What is expected:
If a record contains a picture, leave the picture out and reproduce everything else exactly.

--------------------

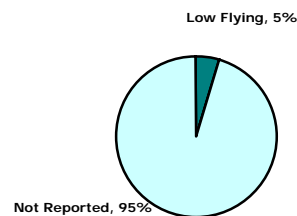

Nature of Hotline Call Noise Complaint

Nighttime - 10:00 p.m. - 7:00 a.m.

¹ Complaint calls made within the State of Illinois.
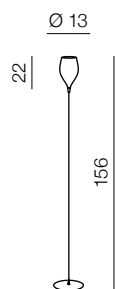

1 SHINY WHITE

2 SHINY BLACK

3 AMBER

4 OLIVE

**izza**

- 1 **AZ1077** (shiny white)
- 2 **AZ1076** (shiny black)
- 3 **AZ1078** (amber)
- 4 **AZ1079** (olive)

E14 1x 40W  
metal/glass

--------------------

Result of this task:
Nature of Hotline Call Noise Complaint

Nighttime - 10:00 p.m. - 7:00 a.m.

¹ Complaint calls made within the State of Illinois.

1 SHINY WHITE

2 SHINY BLACK

3 AMBER

4 OLIVE

**izza**

- 1 **AZ1077** (shiny white)
- 2 **AZ1076** (shiny black)
- 3 **AZ1078** (amber)
- 4 **AZ1079** (olive)

E14 1x 40W  
metal/glass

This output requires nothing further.